*** Opening Material supplied ***

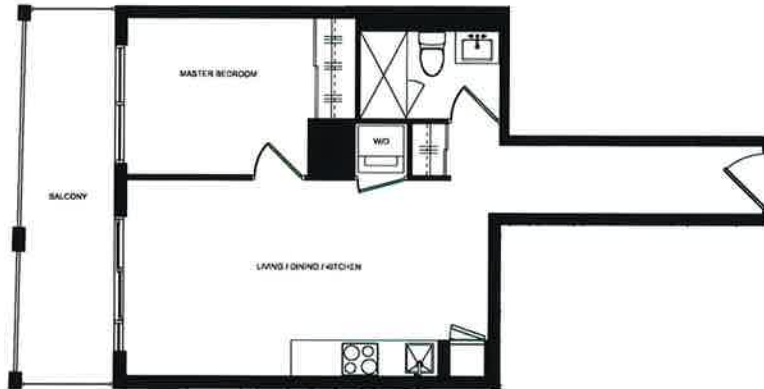

UNION
MARGO

SCHEDULE "A"

SUITE: 1711
UNIT TYPE: 1P

SUITE AREA: 553 SQ.FT.
BALCONY AREA: 119 SQ.FT.

LEGAL LEVEL: 14   **RESIDENTIAL DWELLING UNIT:** 10

FLOOR 17

PURCHASER'S INITIALS:

ISSUE DATE: 26 MARCH, 2019

ASPENRIDGE

*** Closing Material supplied ***

> **Task to carry out**: If a line in the entries contains "AREA", copy it.

> **Written solution**:
SUITE AREA: 553 SQ.FT.
BALCONY AREA: 119 SQ.FT.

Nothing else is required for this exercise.